--- INPUT DATA ---
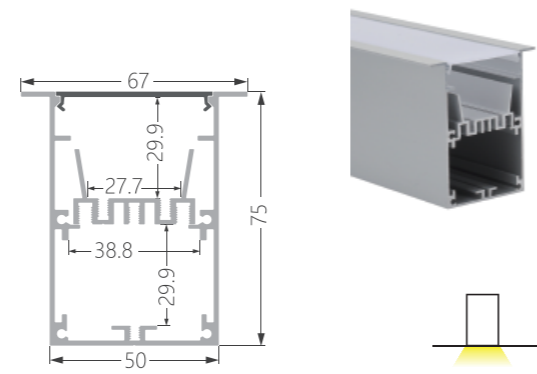

PC diffused cover

KN45
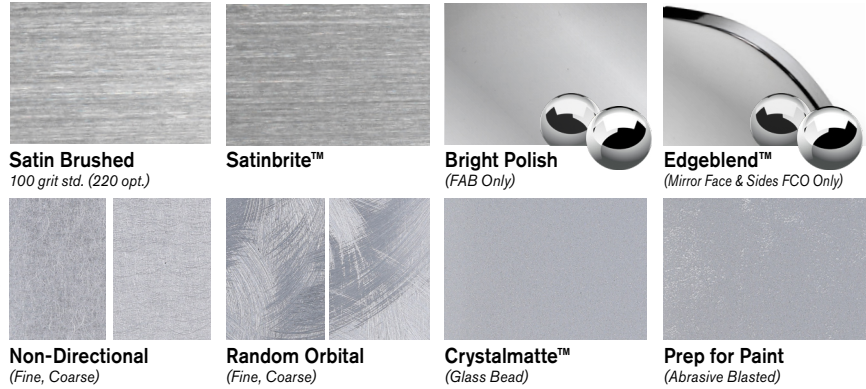

METAL FINISHES

SOLID PLATE & FABRICATED

steel art

Architectural Signage | Look Close

Samples shown above: Fabricated Stainless Steel Brushed Satin & Solid Cut Copper Random Orbital

*Actual finish samples are available

Metal Finishes SOLID PLATE & FABRICATED

ALUMINUM

5052

YELLOW BRASS

260

STAINLESS STEEL

304 & 316

BRASS
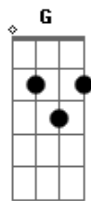

© ukulele-chords.com
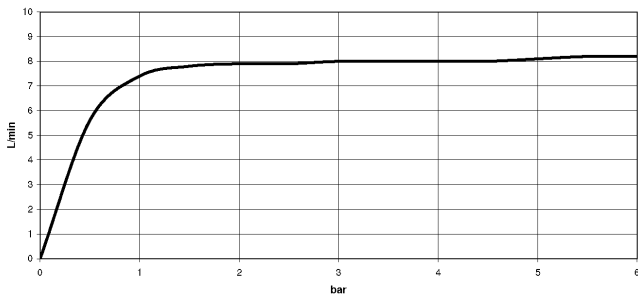

Flow rate chart

Codes & Standards

Executive Order
no. 1007
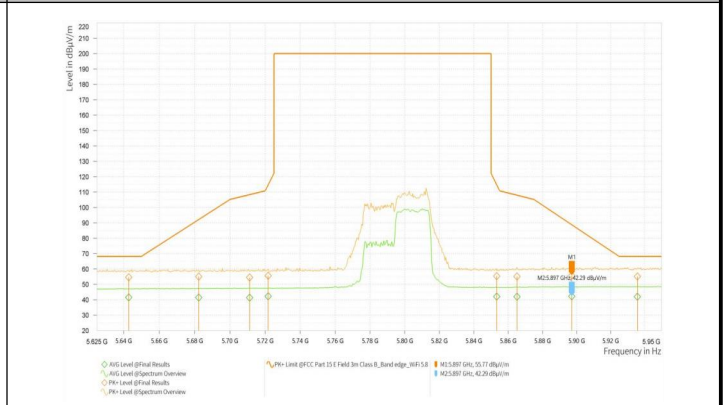

Test Report

Report No.: PD20230213RF04
Report Version: 01

Wi-Fi 5G_11AX40_5510_242RU

Wi-Fi 5G_11AX40_5670_242RU

Wi-Fi 5G_11AX40_5755_242RU

Wi-Fi 5G_11AX40_5795_242RU

Wi-Fi 5G_11AX80_5210_484RU

Wi-Fi 5G_11AX80_5290_484RU
---
• **TASK GOAL**
With the pictures left out, give again exactly the lines from the one that contains "Executive Order" through the final line of the data above.

• **EXERCISE OUTPUT**
Executive Order
no. 1007

Test Report

Report No.: PD20230213RF04
Report Version: 01

Wi-Fi 5G_11AX40_5510_242RU

Wi-Fi 5G_11AX40_5670_242RU

Wi-Fi 5G_11AX40_5755_242RU

Wi-Fi 5G_11AX40_5795_242RU

Wi-Fi 5G_11AX80_5210_484RU

Wi-Fi 5G_11AX80_5290_484RU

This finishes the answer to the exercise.